**Your goal:**
Where an entry contains a picture, omit the picture and repeat the rest exactly.
Task data below:
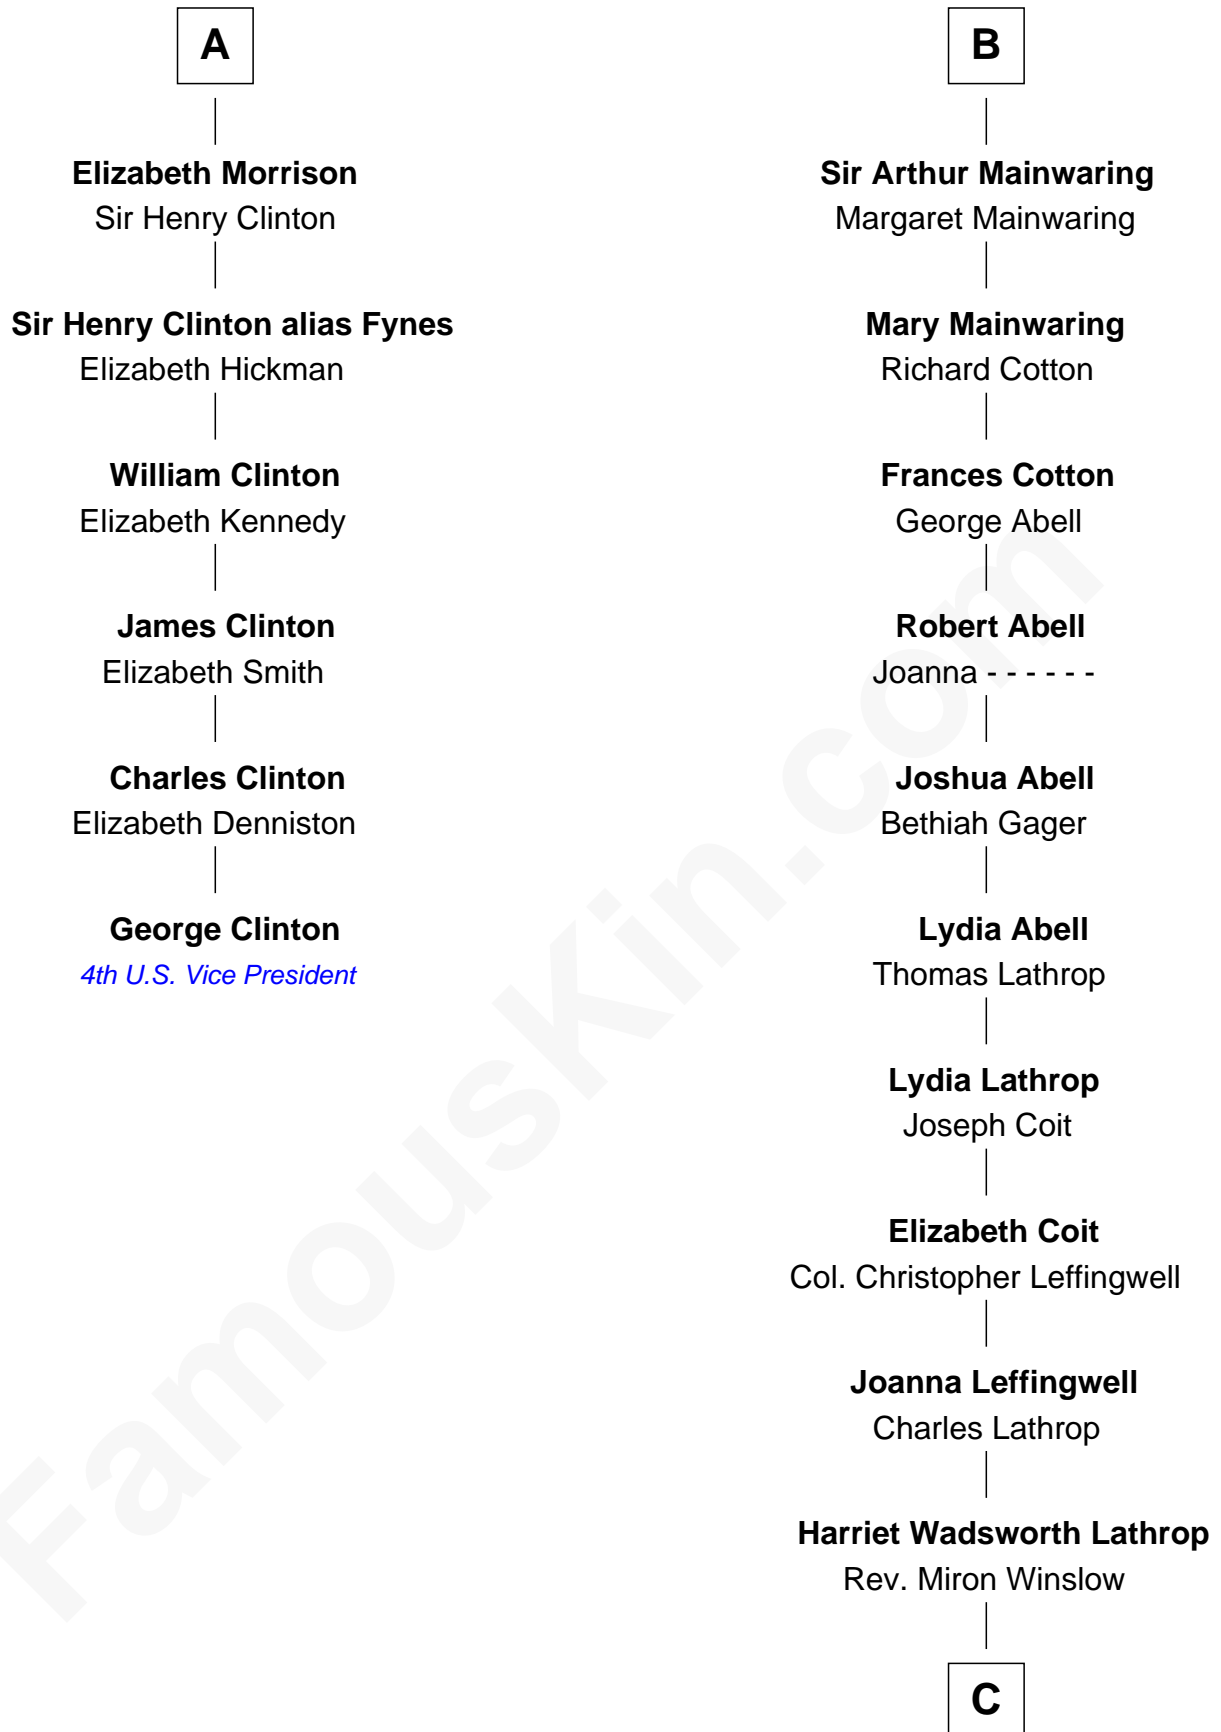

# FamousKin.com Relationship Chart of

**George Clinton**

*4th U.S. Vice President*

12th cousin 7 times removed of

**Allen Dulles**

*5th Director of the C.I.A.*

**Sir William de Ros**  
Margery de Badlesmere

**Thomas de Ros**  
Beatrice de Stafford

**Margaret de Ros**  
Sir Reynold Grey

**Sir John Grey**  
Constance de Holand

**Sir Edmund Grey**  
Katherine Percy

**George Grey**  
Catherine Herbert

**Anne Grey**  
Sir John Hussey

**Bridget Hussey**  
Sir Richard Morrison

**A**

**Maud de Roos**  
John de Welles

**Anne de Welles**  
James Butler

**James Butler**  
Joan Beauchamp

**Elizabeth Butler**  
John Talbot

**Ann Talbot**  
Sir Henry Vernon

**Elizabeth Vernon**  
Sir Robert Corbet

**Dorothy Corbet**  
Sir Richard Mainwaring

**B**

**C**

**Harriet Lathrop Winslow**

Rev. John Welsh Dulles

**Allen Macy Dulles**

Edith Foster
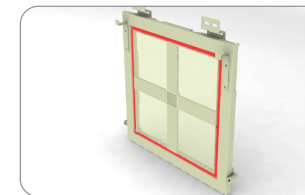

Rubber spline

6 mm

157 000 transparent
157 001 white
157 002 brown

Pcs. In pack: 100 bm, weight: 3,3 kg
End of Task data.
**Solution:**
# FamousKin.com Relationship Chart of

**George Clinton**

*4th U.S. Vice President*

12th cousin 7 times removed of

**Allen Dulles**

*5th Director of the C.I.A.*

**Sir William de Ros**  
Margery de Badlesmere

**Thomas de Ros**  
Beatrice de Stafford

**Margaret de Ros**  
Sir Reynold Grey

**Sir John Grey**  
Constance de Holand

**Sir Edmund Grey**  
Katherine Percy

**George Grey**  
Catherine Herbert

**Anne Grey**  
Sir John Hussey

**Bridget Hussey**  
Sir Richard Morrison

**A**

**Maud de Roos**  
John de Welles

**Anne de Welles**  
James Butler

**James Butler**  
Joan Beauchamp

**Elizabeth Butler**  
John Talbot

**Ann Talbot**  
Sir Henry Vernon

**Elizabeth Vernon**  
Sir Robert Corbet

**Dorothy Corbet**  
Sir Richard Mainwaring

**B**

**C**

**Harriet Lathrop Winslow**

Rev. John Welsh Dulles

**Allen Macy Dulles**

Edith Foster

Rubber spline

6 mm

157 000 transparent
157 001 white
157 002 brown

Pcs. In pack: 100 bm, weight: 3,3 kg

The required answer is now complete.